[Stored items]
----------

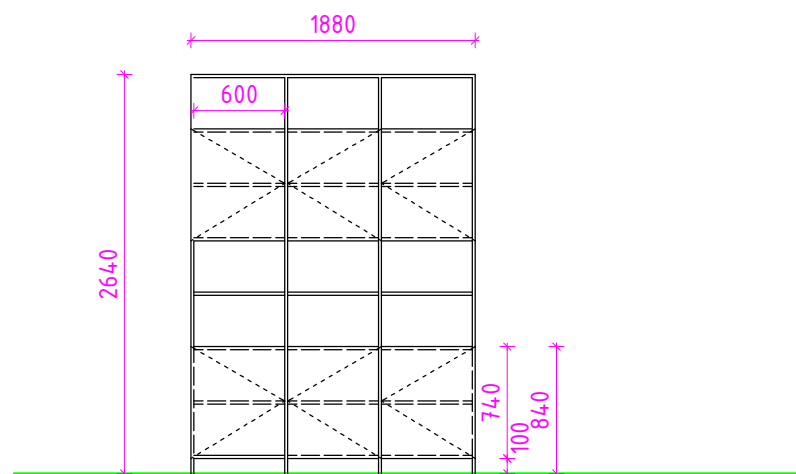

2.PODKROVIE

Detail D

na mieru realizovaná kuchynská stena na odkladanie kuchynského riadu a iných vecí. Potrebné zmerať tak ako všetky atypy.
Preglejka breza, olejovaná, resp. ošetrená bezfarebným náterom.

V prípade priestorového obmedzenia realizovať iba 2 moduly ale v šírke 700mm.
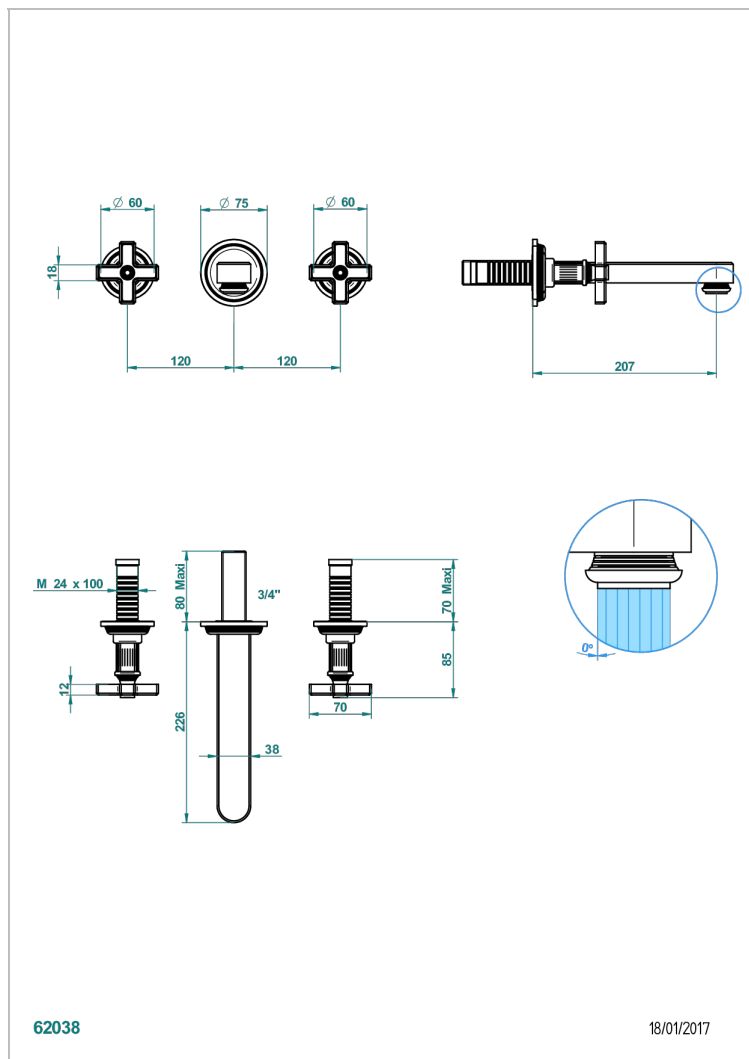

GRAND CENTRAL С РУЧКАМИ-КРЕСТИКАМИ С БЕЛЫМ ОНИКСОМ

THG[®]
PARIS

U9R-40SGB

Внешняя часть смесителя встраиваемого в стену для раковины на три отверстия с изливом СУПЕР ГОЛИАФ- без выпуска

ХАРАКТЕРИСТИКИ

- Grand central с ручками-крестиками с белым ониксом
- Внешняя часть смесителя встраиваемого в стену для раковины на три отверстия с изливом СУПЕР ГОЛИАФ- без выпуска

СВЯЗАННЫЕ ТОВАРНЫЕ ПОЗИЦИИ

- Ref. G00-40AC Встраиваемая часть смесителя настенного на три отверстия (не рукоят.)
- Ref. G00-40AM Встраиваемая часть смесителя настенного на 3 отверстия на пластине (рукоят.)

----------

WHAT YOU WILL DO:
Your answer must be an exact copy of the data above, minus its pictures.

ANSWER BOX:
2.PODKROVIE

Detail D

na mieru realizovaná kuchynská stena na odkladanie kuchynského riadu a iných vecí. Potrebné zmerať tak ako všetky atypy.
Preglejka breza, olejovaná, resp. ošetrená bezfarebným náterom.

V prípade priestorového obmedzenia realizovať iba 2 moduly ale v šírke 700mm.

GRAND CENTRAL С РУЧКАМИ-КРЕСТИКАМИ С БЕЛЫМ ОНИКСОМ

THG[®]
PARIS

U9R-40SGB

Внешняя часть смесителя встраиваемого в стену для раковины на три отверстия с изливом СУПЕР ГОЛИАФ- без выпуска

ХАРАКТЕРИСТИКИ

- Grand central с ручками-крестиками с белым ониксом
- Внешняя часть смесителя встраиваемого в стену для раковины на три отверстия с изливом СУПЕР ГОЛИАФ- без выпуска

СВЯЗАННЫЕ ТОВАРНЫЕ ПОЗИЦИИ

- Ref. G00-40AC Встраиваемая часть смесителя настенного на три отверстия (не рукоят.)
- Ref. G00-40AM Встраиваемая часть смесителя настенного на 3 отверстия на пластине (рукоят.)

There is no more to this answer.